Ideally, you will leave this workshop loving conda
environments. More seriously, our main goal is to demonstrate the advantages of using different conda
environments for separate projects. In addition, by the end of the workshop you will be able to install, upgrade, and remove packages using the command-line interface of conda
.
There are no hard requirements to follow this workshop. It helps if you are familiar with command-line interfaces, but we will explain all the commands as they are introduced.
To follow this workshop, please install any version of Anaconda or Miniconda. We highly recommend installing one that supports Python 3.x, as Python 2 is no longer supported since January 2020. When prompted to let the installer initialize conda
, click on yes. This setting will automatically enable conda
on all terminal sessions by default.
We will also make use of the terminal. Terminal choices depend on your operative system. Mac OS and Linux users are lucky in that they already have one pre-installed. On Mac OS, you might want to look at iTerm2 for a nicer terminal experience, but the default Terminal application is good enough for this tutorial. For Windows users, you can simply use the Anaconda Prompt.
After installing Anaconda or Miniconda and opening a terminal window, you should be greeted with a prompt that looks like this, minus the user and host names:
(base) joaor@desktop $
This prefix - (base)
- is the way conda
tells us that we are in the base environment. So what's an environment? An environment is a folder that contains a specific set of packages you have installed. In other words, an environment is an isolated installation of Python with some extra libraries installed. Since scientific packages often depend on very specific version of certain libraries, using dedicated environments helps minimize clashes between these dependencies. More importantly, dedicated environments makes your life easier if installing a package breaks ten others - worst case scenario, you just delete and recreate the environment. Without environments you'd have to reinstall Anaconda/Miniconda. So, as a rule of thumb, you never want to install packages in the base
environment unless you have a really good reason to do so.
The major downside of using environments is that you will need some additional disk space. Each environment should include its own Python interpreter, so if you have twenty environments, you will have twenty Python installations somewhere on your hard drive. Thankfully, computers today come with several hundred GBs of disk space, or even TBs, so this is really not an issue in the vast majority of cases.
Now that we understand what conda
environments are, let's create our first.
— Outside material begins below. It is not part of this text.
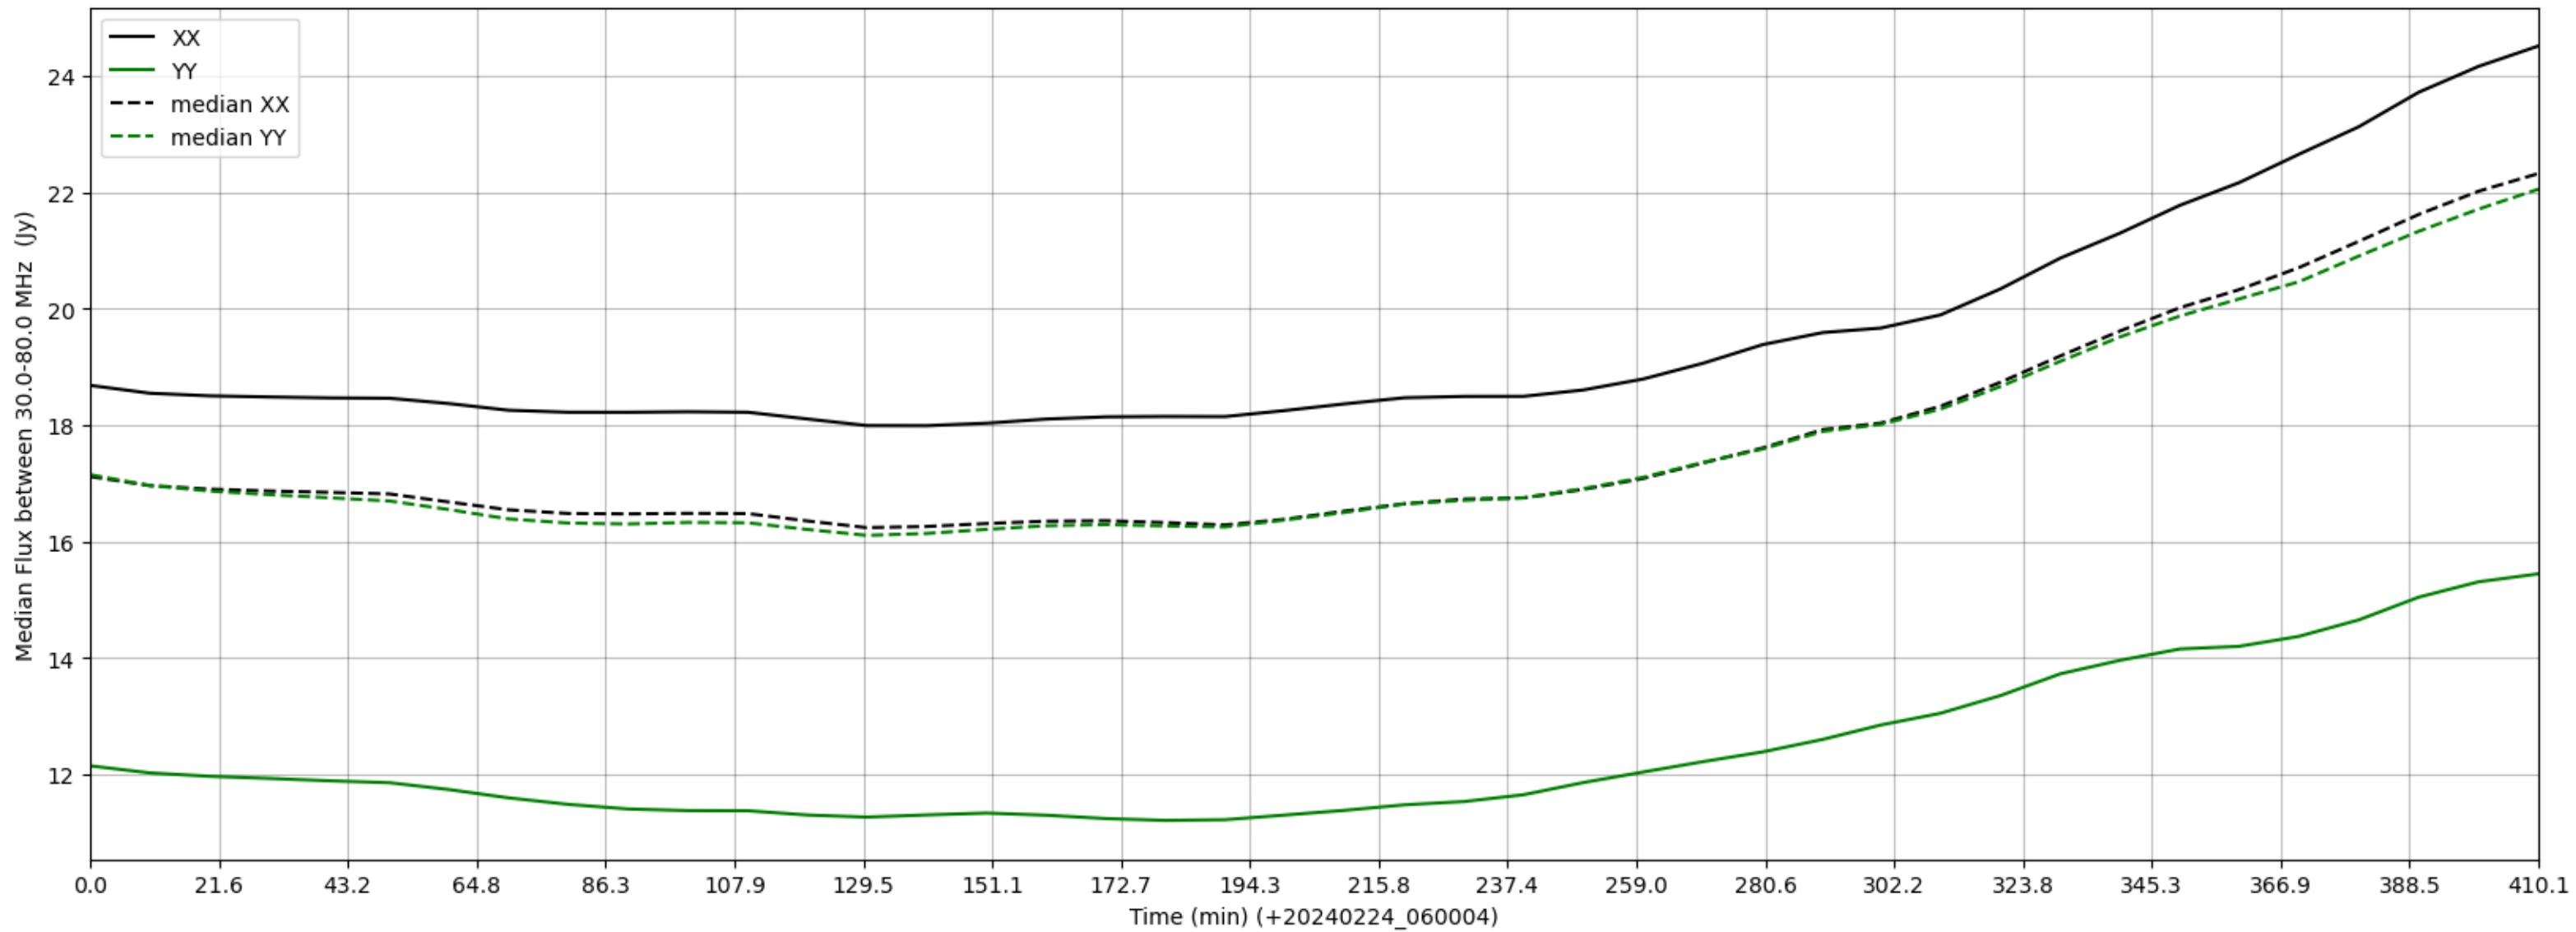

LWA269 - Correlator# 005 - XX FLAGS:Good - YY FLAGS:Good

LWA271 - Correlator# 004 - XX FLAGS:Good - YY FLAGS:Good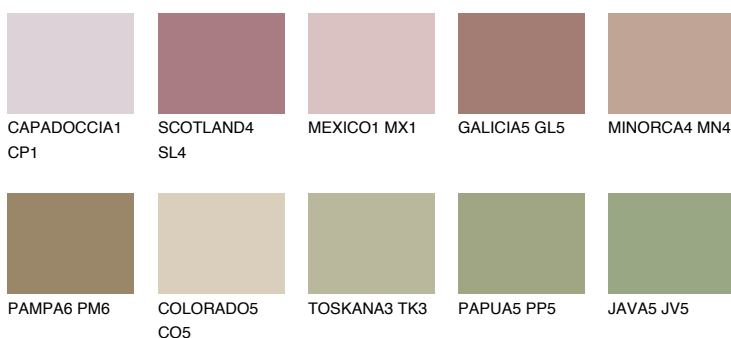

**YUCATAN6 YC6**☀ 26% **TSR** 26%**Podudarna nijansa****COLOURS OF NATURE PALETA****INTENSE PALETA**

Za više informacija o malterima i bojama, idite na  
[www.ceresit.rs](http://www.ceresit.rs)

Type the following in your terminal:
(base) joaor@desktop $ conda create --name myenv python=3.8
This command will create a new environment called myenv
with Python 3.8 as its default interpreter. Importantly, environment names cannot have spaces. The python=3.8
part of the command instructs conda
to install the python package, at version 3.8. This version specification is particularly useful. If you'd want to run a library that is only supported in Python 2.7, you would create an environment with python=2.7
. There are plenty more options that you can pass to conda create
, which you can find out about with the option --help
.
Depending on your internet connection, conda
might take a while to collect the necessary information to run the command. Sooner or later, you will be shown a list of packages that will be downloaded and installed, followed by a prompt asking you if you want to proceed. Type y
and conda
will download and install those packages, and setup your environment. When you repeat this operation later on, conda
will be smart about which packages it needs to download. If you previously downloaded a version of a package you need, it will use that cached version, saving you the time (and trouble) to download it from a remote server.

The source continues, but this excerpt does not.